Alexander Baal is director of sales operations at Jungheinrich UK.
As governments prepare to lift some of the lockdown measures, it's clear that life and work will not go back to the way they once were. Even as lockdown eases, people will remain risk-averse and many companies will continue to feel the economic pressures brought on by COVID-19 for some time to come.
Businesses have therefore needed to find new ways to adapt and cope in order to keep the supply chain going. In particular, those businesses within essential industries such as grocery retailers and the pharmaceutical sector have had to cope with huge surges in demand while also ensuring employees stay safe.
While retailers have been used to adapting to forecasted peaks in demand, such as Christmas and Black Friday, the COVID-19 crisis has impacted the economy in a way that no one could have predicted. And as certain lockdown restrictions are likely to remain in place for some time, businesses need to adapt to maintain continuity of service and revenue, not just now but to mitigate against any future pandemic waves that may come our way.
Flexibility and cost management
Businesses have been seeking ways to respond to the challenges of a 24/7 marketplace for some time, brought about by rising customer expectations. Rental, along with used forklifts, is now seen as a compelling solution for businesses and many are rethinking the way rental can be used to their strategic advantage - providing both short-term cover to manage volatility and supplementing fleets for a longer term to cover base and core requirements.

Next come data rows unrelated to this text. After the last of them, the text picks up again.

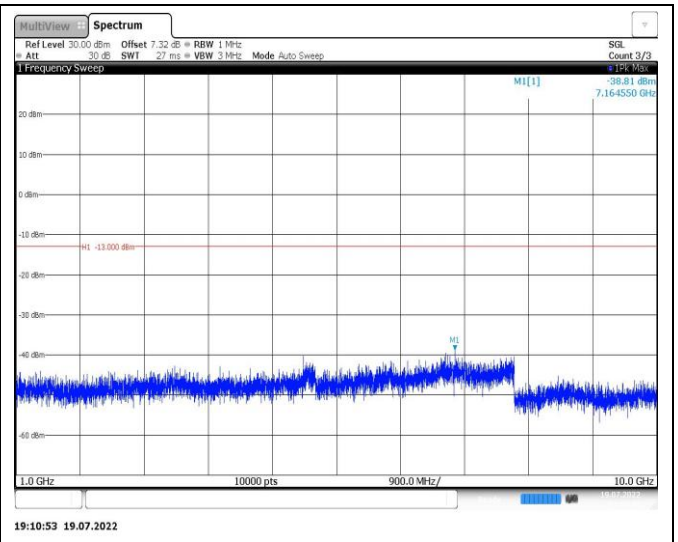

Band26-5MHz-16QAM-26715-1RB#0-Range2:1000~10000MHz

Band26-5MHz-16QAM-26740-1RB#0-Range2:1000~10000MHz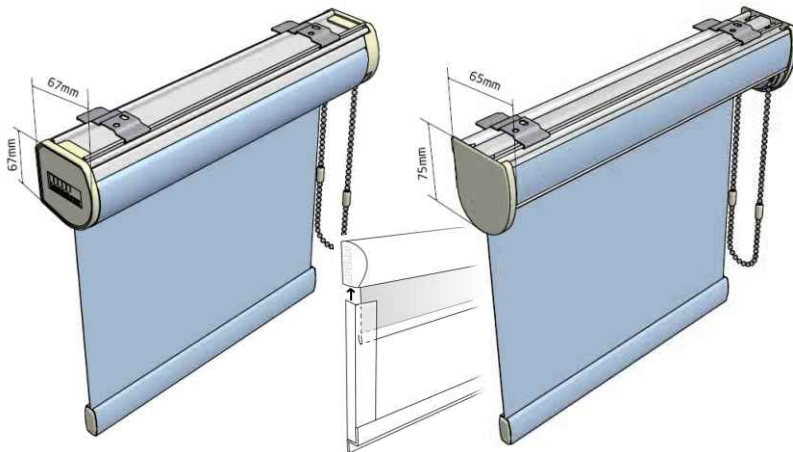

Sivuohjain vaijerit pitävät kaihdinta paikoillaan

System 32® Guide Wire

Kaihdin takalistalla

Kaihdin voidaan valmistaa takalistalle, jolloin kiinnityskohta voi olla missä tahansa takalistan pinta-alalla. Takalistan saa asennettua sivusiirtokiskolle, ja kaihdinta saa näin siirrettyä kiskossa sivuttain.

Kasetti kaihtimet

System 32® Closed Cassette system

System 32® Open Cassette system

Apollo rullaverho voidaan valmistaa kangasrullaa suojaavan kasetin kera, joka viihtelee myös ulkonäön. Täyskasetti on täysin mekanismin sisäänsä sulkeva kasettiprofiili, ja Open Cassette avokasetti on puoliksi avonainen kasettiprofiili. Kasetin etuprofiilin voidaan verhoilla millä tahansa kankaalla.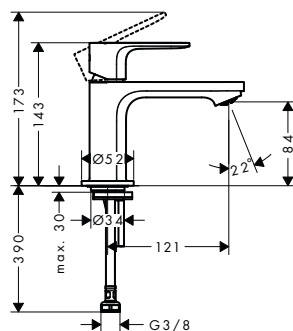

Vlastnosti

- ComfortZone 80
- vyložení: 121 mm
- výška výtoku: 84 mm
- varianta rukojeti: páčková rukojeť
- typ proudu: normální proud
- maximální průtokové množství při 3 barech: 5 l/min
- keramická kartuše
- k připojení jen na studenou vodu
- způsob montáže: Přívodní hadice G 3/8
- rozměr přívodů: DN15
- EU taxonomie: max. 6 l/min - Substantial Contribution (SC)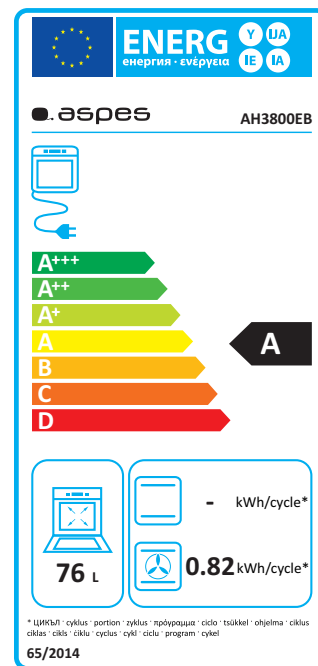

Horno eléctrico 60cm

AH3800EB

Código EAN: 8.445.946.008.994

Color: Blanco

Dimensiones: 576 x 557 x 550

76L Capacidad

3 N° programas

Control Manual

Luz interior

CARACTERÍSTICAS

Tipo	Eléctrico
Capacidad	76 L
Eficiencia energética	A
Protección IEC	Clase I
N° programas	3
Sistema de control	Manual
Tipo mandos	Estándar
Tipo termostato	Mecánico
Tipo temporizador	Mecánico
Luz interior	LED (reemplazable)

DISEÑO

Color	Frontal	Blanco
	Puerta	Cristal Blanco
	Tirador	Blanco
	Mandos	Blanco
Material cavidad horno	Esmaltado	
Cristal en puerta	Doble (extraíble)	
Guía soporte bandejas	Sí	

RENDIMIENTO

Consumo de energía	Convencional	-	kWh/ciclo
	Ventilación forzada	0,82	kWh/ciclo
Potencia total	2300	W	
Potencia Luz	25	W	
Luminancia	1600 - 1900	lm	
Voltaje	230	V	
Frecuencia	50	Hz	

Horno eléctrico 60cm

AH3800EB

Código EAN: 8.445.946.008.994

Color: Blanco

Dimensiones: 576 x 557 x 550

PROGRAMAS

Arriba + abajo

Abajo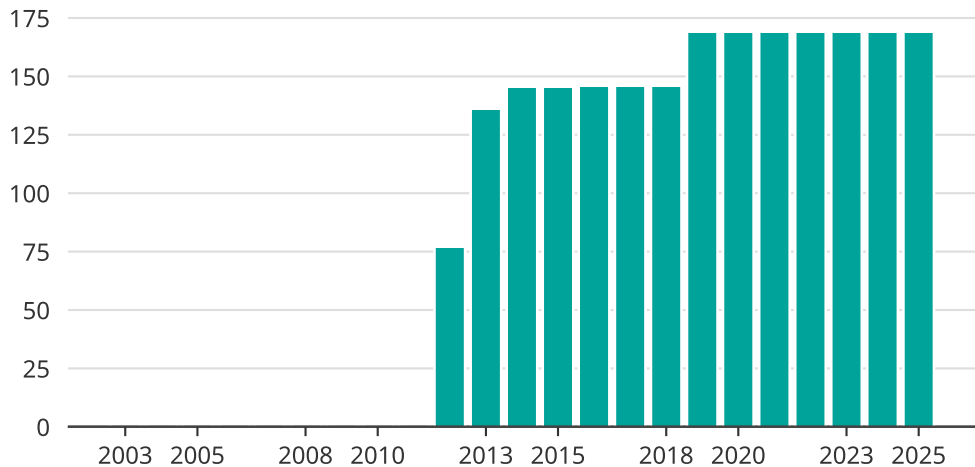

Vindkraft i Vetlanda kommun, år för år

Installerad vindkraft (maxeffekt, MW)

Saknade staplar kan bero på statistiksekretess.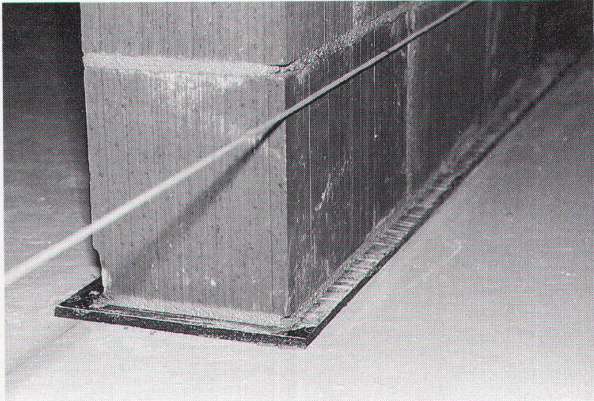

Kilcher

Packen Sie den Lärm an der Wurzel!

Die Kilcher Resobloc®-Akustiklager bekämpfen den Körperschall wirksam an der Quelle. Für Neubauten.
Interessiert?

Kilcher – eine Idee voraus!

Kilcher AG
4565 Recherswil
Tel. 065 35 16 35
Fax 065 353 627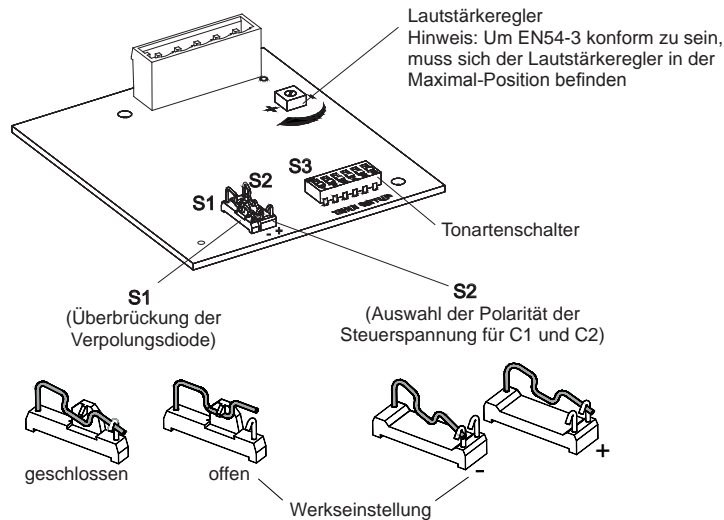

Anschlussbilder

SON 4

SON FL1

SON 4L - AC

SON 4L - DC

DSF 5 / DSF 10 Schallgeber

DSF 5 / DSF 10 Blitz-/Dauerleuchte

PA X 1-05 / PA X 5-05 / PA X 10-05 / PA X 10-10 / PA X 20-10 / PA X 20-15

Gemeinsamer Anschluss von Blitzleuchte und Schallgeber
(Auslieferungszustand)

Getrennter Anschluss von Blitzleuchte und Schallgeber

PA X 1-05 / PA X 5-05

PA X 10-05 / PA X 10-10 / PA X 20-10 / PA X 20-15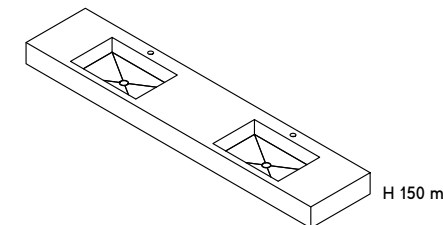

	HEIGHT ALTEZZA			BASIN DIMENSION TAGLIA DELLA VASCA			
	12 mm	30 mm	150 mm	S	M	L	XL
Single Wall-mounted Sink Lavabo da parete singolo							
Enveloped Bottom Basin Vasca 4 Falde	•	•	•	•	•	•	•
Flat Basin Vasca Piatta	•	•	•	•			
Sloped Basin Vasca Inclinata	•	•	•	•			

DUO

Twin Sink / Lavabo Doppio

Enveloped Bottom Basin
Vasca 4 Falde

Flat Basin
Vasca Piatta

Sloped Basin
Vasca Inclinata

DIMENSIONS / Dimensioni

Customisable length L / Lunghezza personalizzabile L
Depth 50 cm (19 3/8") / Profondità 50 cm (19 3/8")
Height 1,2 cm (1/2"), 3 cm (1 1/8"), 15 cm (5 7/8") / Altezza 1,2 cm (1/2"), 3 cm (1 1/8"), 15 cm (5 7/8")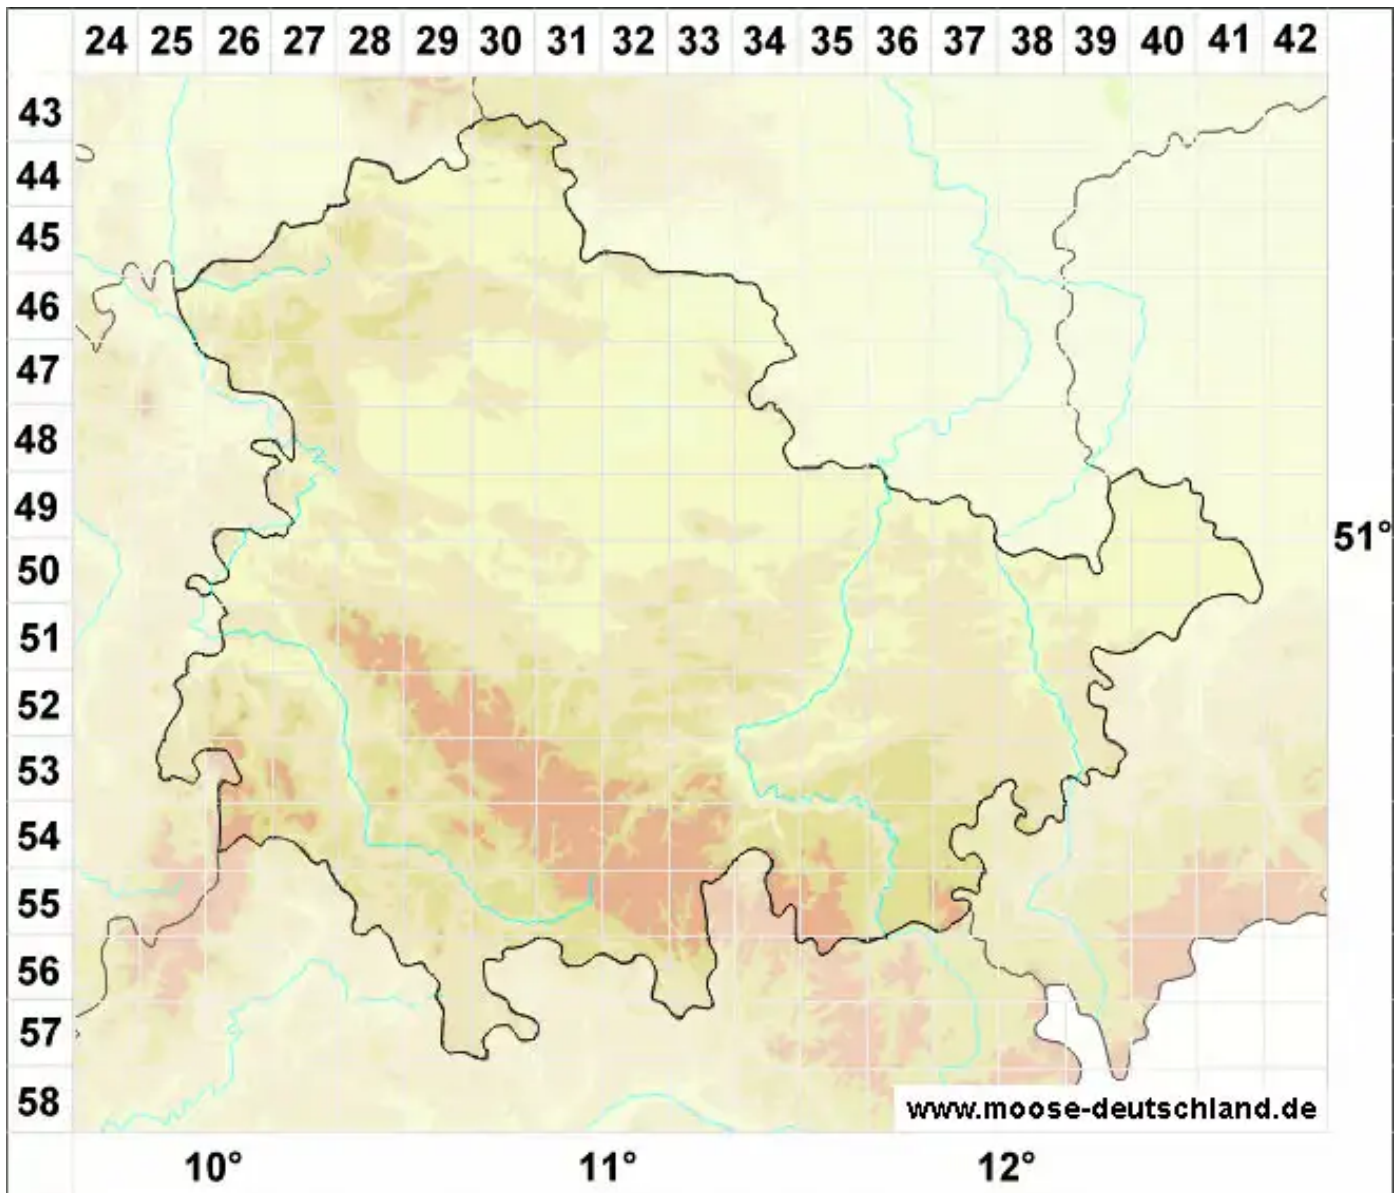

Ptychostomum subneodamense (Kindb.) J.R. Spence

Rundblättriges Neudammer Vielzahnbirnmoos

Legende:

Symbole:

Ausgefülltes Symbol:
Zeitraum von 1980 bis heute (Aktuelle Angabe)

Leeres Symbol:
Zeitraum vor 1980 (Altangabe)

Quadrat: Herbarbeleg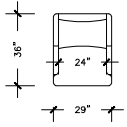

## CHAIR

W: 29" D: 36"  
H: 39" A.H: 26"  
S.D: 20" S.H: 18"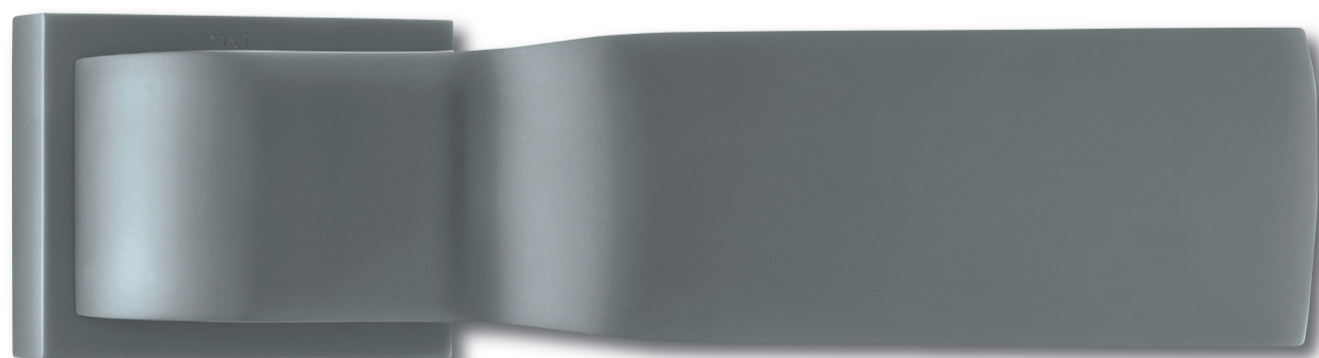

TiN-C titan chrom mat

3790 Kč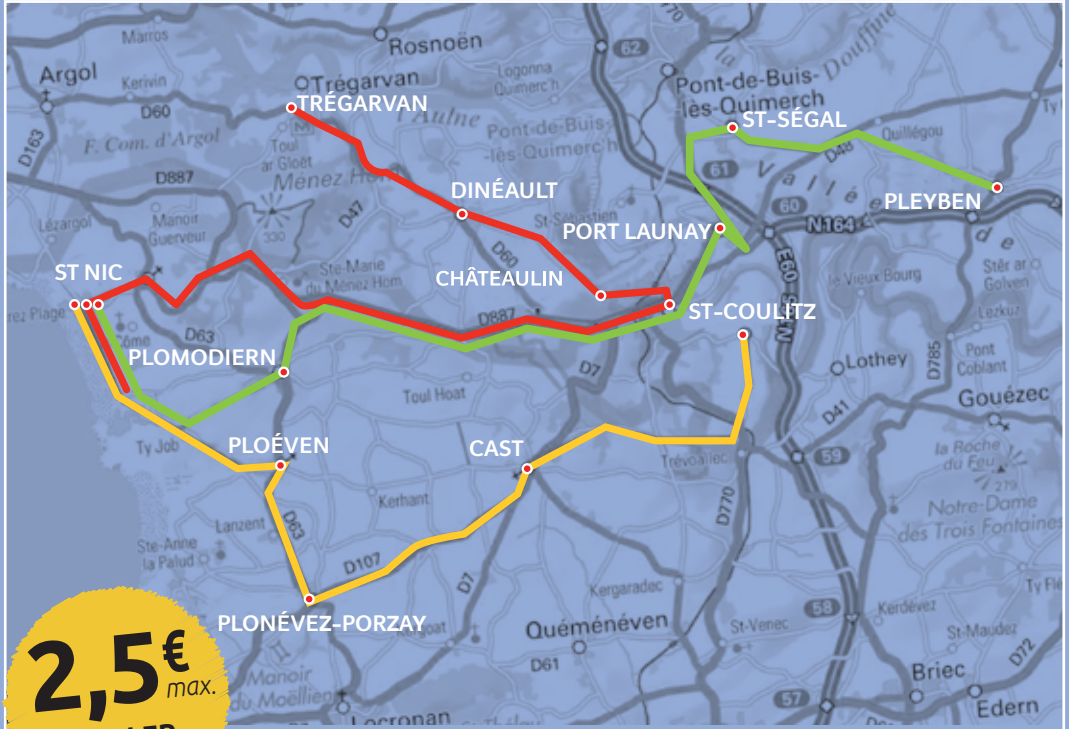

Service des Plages

été 2021

2,5€ max.

L'ALLER
SIMPLE

du 7 juillet
au 31 août 2021

du lundi au samedi hors jours fériés

Découvrez tous les horaires au dos

Services des Plages

Horaires du 7 juillet au 31 août 2021

CIRCUIT NORD	Du lundi au samedi*
PLEYBEN, Pl Ch de Gaulle	13h05
ST SÉGAL, Bourg	13h15
PORT LAUNAY, Pl de l'église	13h21
PLOMODIERN, École publique	13h40
PLOMODIERN, Lestrevet	13h55
ST-NIC, Pentrez	14h05
CIRCUIT CENTRE	
TREGARVAN, Kerbeuz	13h15
DINEAULT, Pl de l'église	13h25
CHATEAULIN, Gare	13h33
CHATEAULIN, Quai Cosmao (coté abri)	13h36
ST NIC, Pl du 19 mars 1962	14h00
ST NIC, Pentrez	14h05
PLOMODIERN, Lestrevet	14h15
CIRCUIT SUD	
ST COULITZ, Camping de La Pointe	13h00
ST COULITZ, Pl de la mairie	13h05
CAS T, Bourg	13h20
PLONEVEZ PORZAY, Pl de l'église	13h27
PLOEVEN, Pl de la mairie	13h32
PLOMODIERN, Lestrevet	13h45
ST NIC, Pentrez	13h55

CIRCUIT NORD	Du lundi au samedi*
ST-NIC, Pentrez	17h30
PLOMODIERN, Lestrevet	17h38
PLOMODIERN, École publique	17h48
PORT LAUNAY, Pl de l'église	18h08
ST SÉGAL, Bourg	18h18
PLEYBEN, Pl Ch de Gaulle	18h28
CIRCUIT CENTRE	
PLOMODIERN, Lestrevet	17h30
ST NIC, Pentrez	17h38
ST NIC, Pl du 19 mars 1962	17h43
TREGARVAN, Kerbeuz	17h58
DINEAULT, Pl de l'église	18h08
CHATEAULIN, Gare	18h18
CHATEAULIN, Quai Cosmao	18h21
CIRCUIT SUD	
ST NIC, Pentrez	17h30
PLOMODIERN, Lestrevet	17h38
PLOEVEN, Pl de la mairie	17h48
PLONEVEZ PORZAY, Pl de l'église	17h56
CAS T, Bourg	18h03
ST COULITZ, Camping de La Pointe	18h18
ST COULITZ, Pl de la mairie	18h23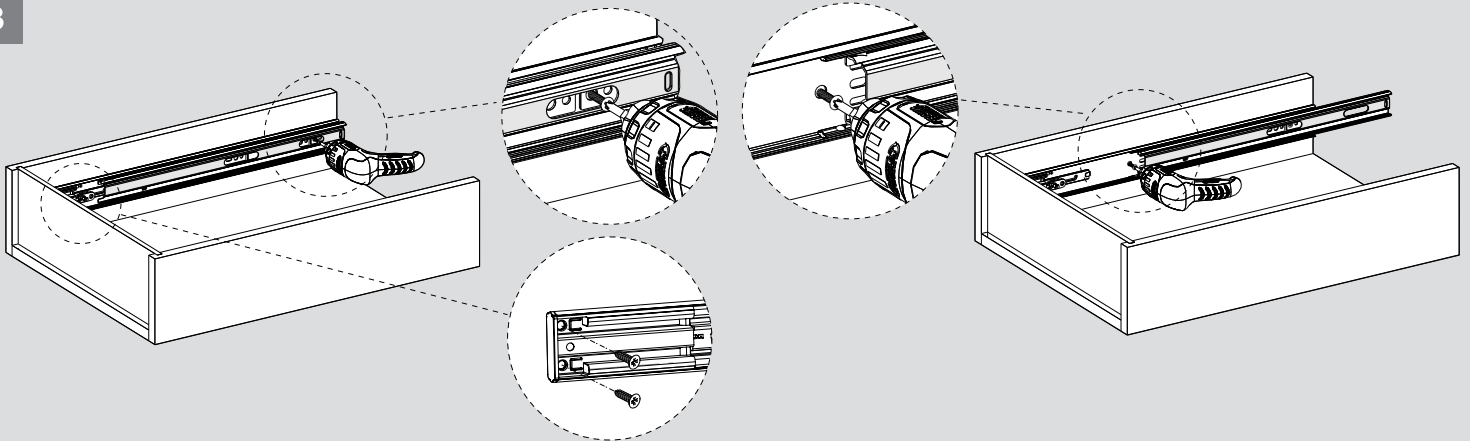

Teknik Ölçüler / Wymiary techniczne

Parçalar / Części

Tavsiye Edilen Vida / Zalecane wkręty

Kabin Ölçüleri / Wymiary szafki

Çekmece Ölçüleri / Wymiary szuflady

KİG : Kabin İç Genişliği / Wewnętrzna szerokość szafki

KD : Kabin Derinliği / Głębokość szafki

RB : Ray Uzunluğu / Długość nominalna

ÇG : Çekmece Genişliği / Szerokość szuflady

ÇD : Çekmece Derinliği / Głębokość szuflady

Montaj / Montaż

1

2

3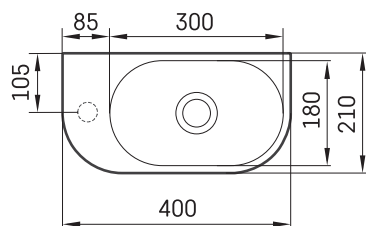

RE D

INFORMAZIONI TECNICHE

Dimensione: 400 x 210 mm, h = 140 mm

Peso: 6.5 kg

Opzionale:

Scarico sempre aperto con copertura in Silkstone®:
DEIZSNOP/00

DISEGNI TECNICI

Apskatīt produktu:

The short-term rental advantage is that with added flexibility, cost control is maintained. With economic pressure on every business, managers are continually evaluating costs. So, while many may be scaling down operations at the moment, the benefit of rental means that they can easily ramp up production again immediately after the lockdown period or once they choose to.
Moreover, those businesses that are maintaining production during the COVID-19 crisis - or, in many cases, trying to scale quickly to meet demand, such as those within third-party logistics - rental trucks can be a rapid solution to supplementing their core fleets during peak periods. For lots of businesses, a core fleet is still essential with long-term planning and visibility, but by adding to the fleet with rental trucks they also have the flexibility to quickly adapt to situations such as the one we are in right now.
Organisations are operating in an increasingly commoditised environment. Consumers and businesses expect an 'as a service' model without any long-term commitment, from renting cars for an hour via an app to the transition towards on-demand cloud software. The shift in customer demands is prompting new thinking across manufacturing, distribution and logistics.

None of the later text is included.